The answer is the data below, repeated exactly, with no pictures included.

-------- Data shown

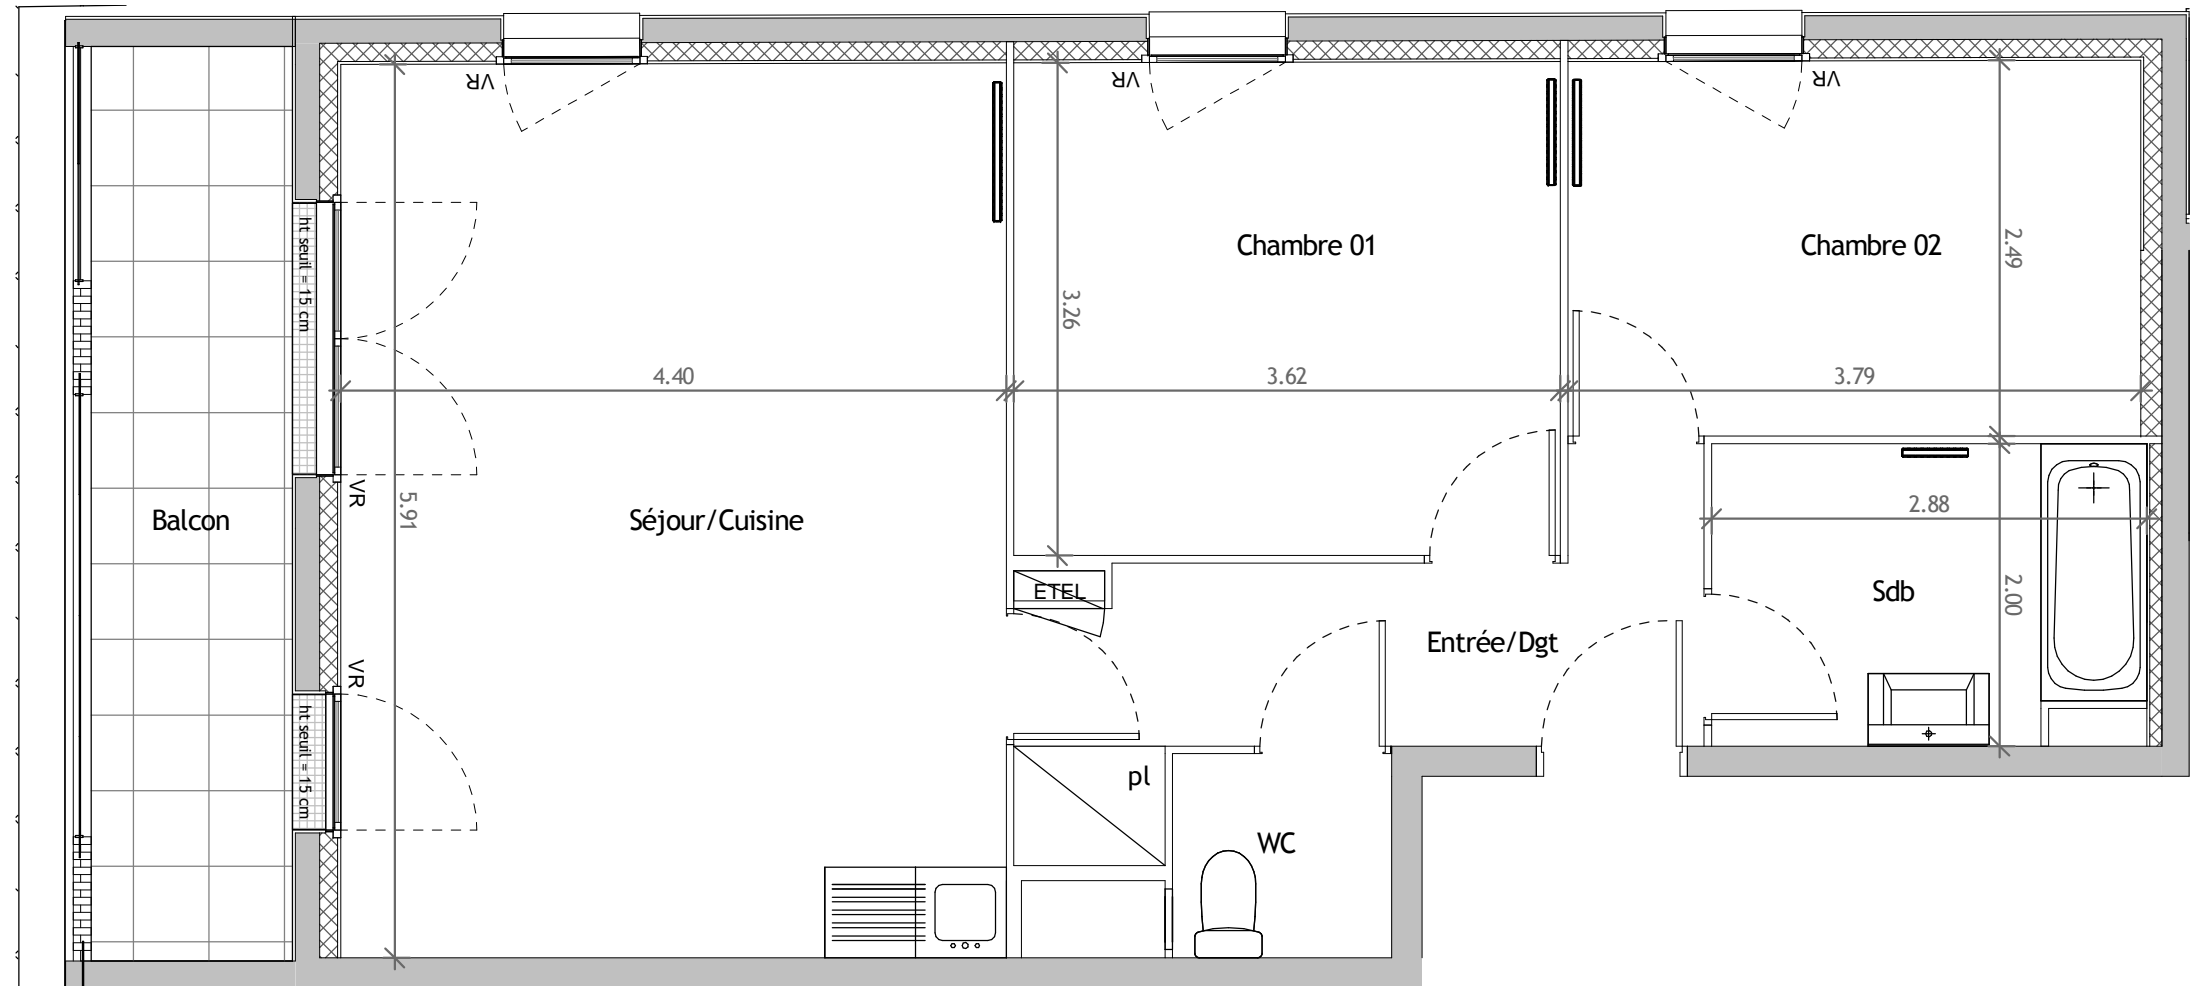

BATIMENT K

APPARTEMENT N° 444

3 pièces

4ème étage

Florescence

Plan Préliminaire de Réservation

	Surfaces
Séjour/Cuisine	26.00 m ²
Chambre 01	11.80 m ²
Chambre 02	9.40 m ²
Entrée/Dgt	6.85 m ²
Sdb	5.55 m ²
WC	1.95 m ²

TOTAL SURFACES HABITABLES 61.55 m²

Balcon 8.45 m²

LOCALISATION

NOTA : Les surfaces habitables pourront varier en fonction d'impératifs techniques et d'épaisseurs des isolants. L'ensemble des soffites, retombées de poutre et volets roulants peuvent ne pas être indiqués sur les plans. Les côtes figurant sur le plan indiquent les plus grandes dimensions, en largeur et en longueur. L'accès aux terrasses se fera par un emmarchement d'environ 35 cm.

LEGENDE

031-017
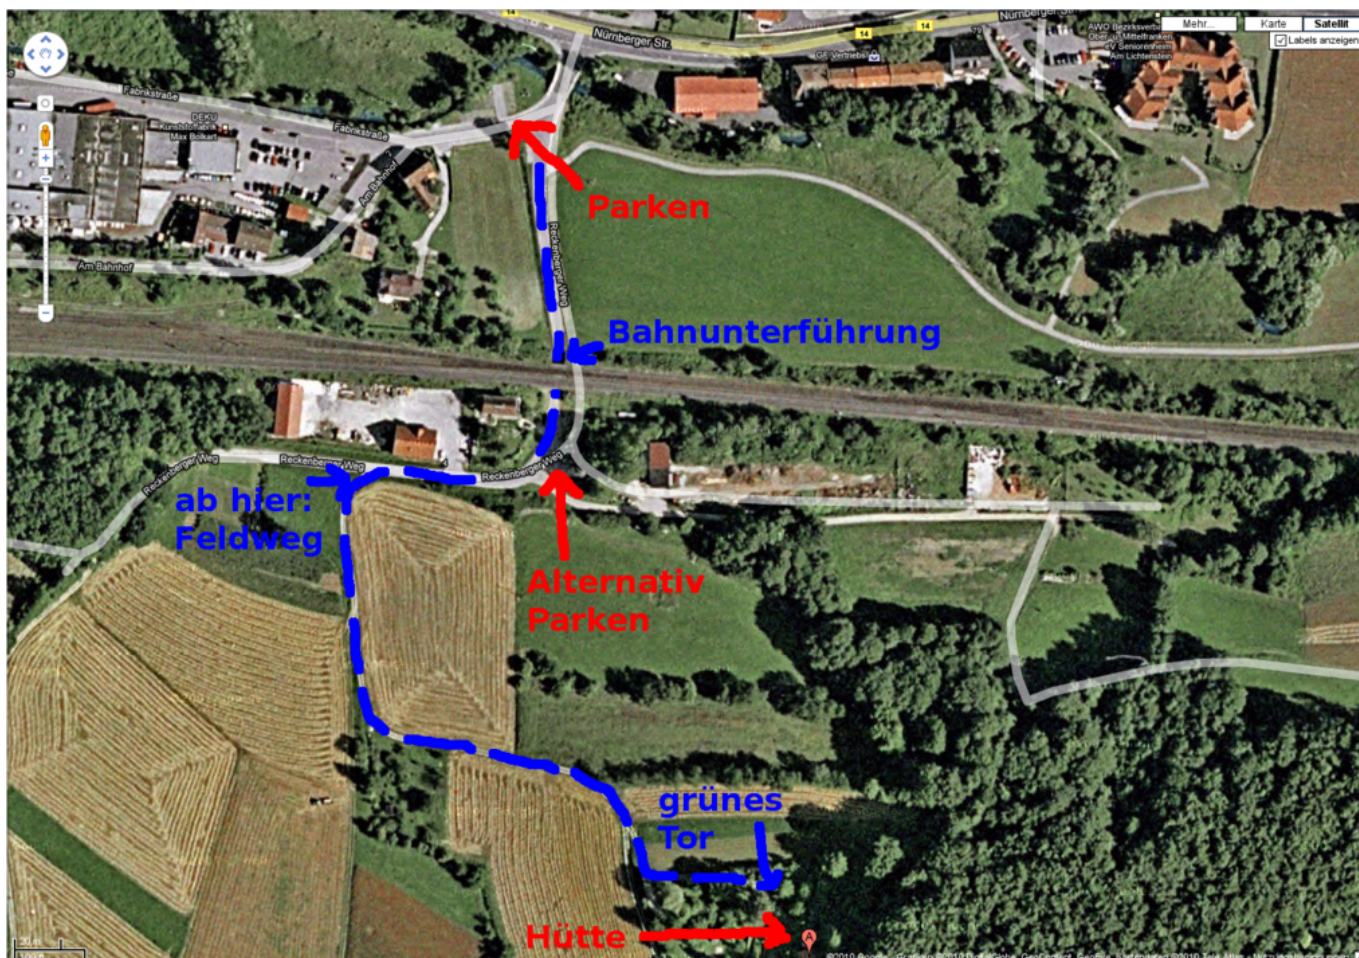

Winterfest 2014

- Termin: TBD (ca. 6. Januar 2014)
- Location: Hütte in der Fränkischen - in der Nähe von [Pommelsbrunn \(WP\)](#)
- Übernachtung: möglich (mit Schlafsack, Isomatte und nach Anmeldung) und ggf. sinnvoll

Programm

- Day 1:
 - ab 15 Uhr: Kaffee in der Hütte
 - später: Fondue, Raclette (Fleisch oder Käse, je nach Angebot, vgl. unten)
 - zwischenrein: Feuerzangenbowle, Glühwein
- Day 2:
 - gemütlicher Ausklang mit Grillen gegen Mittag

Wegbeschreibung

Wegen Platzmangel und um die Zähler für kaputte Rücklichter und stecken gebliebene Fahrzeuge nicht weiter in die Höhe zu treiben, bitte unten einen Parkplatz suchen und den Rest hoch laufen (insbesondere bei feuchter Witterung oder Schnee). Vom Parkplatz (direkt am Fluss) den geteerten Weg durch die Bahnunterführung folgen. Dahinter gleich links sind weitere Parkmöglichkeiten (aber

weniger befestigt). Dem Teerweg folgen (90 Grad Rechtskurve), rechter Hand ist der Bauhof. Danach, am ersten Abzweig nach links (Mitte des Bauhofs) in den Feldweg einbiegen. Diesem folgen (erst Linkskurve, dann Rechtskurve). Nach der Rechtskurve den linken Abzweig in Richtung einer Toreinfahrt nehmen. Vor der Toreinfahrt links dem Weg am ersten Grundstück entlang weiter, auf ein grünes Tor zu. Dort habt ihr das richtige Grundstück erreicht.
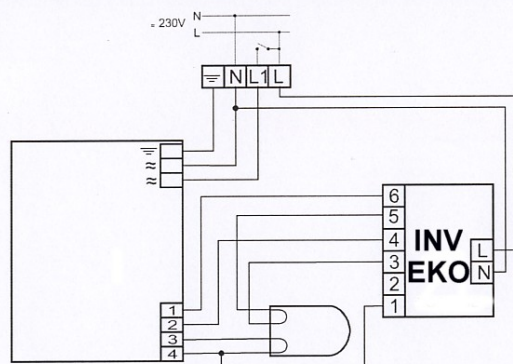

HF-Performer 118 PL-T/C EII

BATERTECH

| | |
|------------------------|----------------------------|
| MODUŁ AWARYJNY | INV / EKO |
| OBSŁUGIWANE ŚWIETŁÓWKI | TC-TEL: 18W TC-DEL: 18W |

----------------

Written response.
BATIMENT K

APPARTEMENT N° 444

3 pièces

4ème étage

Florescence

Plan Préliminaire de Réservation

	Surfaces
Séjour/Cuisine	26.00 m ²
Chambre 01	11.80 m ²
Chambre 02	9.40 m ²
Entrée/Dgt	6.85 m ²
Sdb	5.55 m ²
WC	1.95 m ²

TOTAL SURFACES HABITABLES 61.55 m²

Balcon 8.45 m²

LOCALISATION

NOTA : Les surfaces habitables pourront varier en fonction d'impératifs techniques et d'épaisseurs des isolants. L'ensemble des soffites, retombées de poutre et volets roulants peuvent ne pas être indiqués sur les plans. Les côtes figurant sur le plan indiquent les plus grandes dimensions, en largeur et en longueur. L'accès aux terrasses se fera par un emmarchement d'environ 35 cm.

LEGENDE

031-017

Winterfest 2014

- Termin: TBD (ca. 6. Januar 2014)
- Location: Hütte in der Fränkischen - in der Nähe von [Pommelsbrunn \(WP\)](#)
- Übernachtung: möglich (mit Schlafsack, Isomatte und nach Anmeldung) und ggf. sinnvoll

Programm

- Day 1:
 - ab 15 Uhr: Kaffee in der Hütte
 - später: Fondue, Raclette (Fleisch oder Käse, je nach Angebot, vgl. unten)
 - zwischenrein: Feuerzangenbowle, Glühwein
- Day 2:
 - gemütlicher Ausklang mit Grillen gegen Mittag

Wegbeschreibung

Wegen Platzmangel und um die Zähler für kaputte Rücklichter und stecken gebliebene Fahrzeuge nicht weiter in die Höhe zu treiben, bitte unten einen Parkplatz suchen und den Rest hoch laufen (insbesondere bei feuchter Witterung oder Schnee). Vom Parkplatz (direkt am Fluss) den geteerten Weg durch die Bahnunterführung folgen. Dahinter gleich links sind weitere Parkmöglichkeiten (aber

weniger befestigt). Dem Teerweg folgen (90 Grad Rechtskurve), rechter Hand ist der Bauhof. Danach, am ersten Abzweig nach links (Mitte des Bauhofs) in den Feldweg einbiegen. Diesem folgen (erst Linkskurve, dann Rechtskurve). Nach der Rechtskurve den linken Abzweig in Richtung einer Toreinfahrt nehmen. Vor der Toreinfahrt links dem Weg am ersten Grundstück entlang weiter, auf ein grünes Tor zu. Dort habt ihr das richtige Grundstück erreicht.

HF-Performer 118 PL-T/C EII

BATERTECH

| | |
|------------------------|----------------------------|
| MODUŁ AWARYJNY | INV / EKO |
| OBSŁUGIWANE ŚWIETŁÓWKI | TC-TEL: 18W TC-DEL: 18W |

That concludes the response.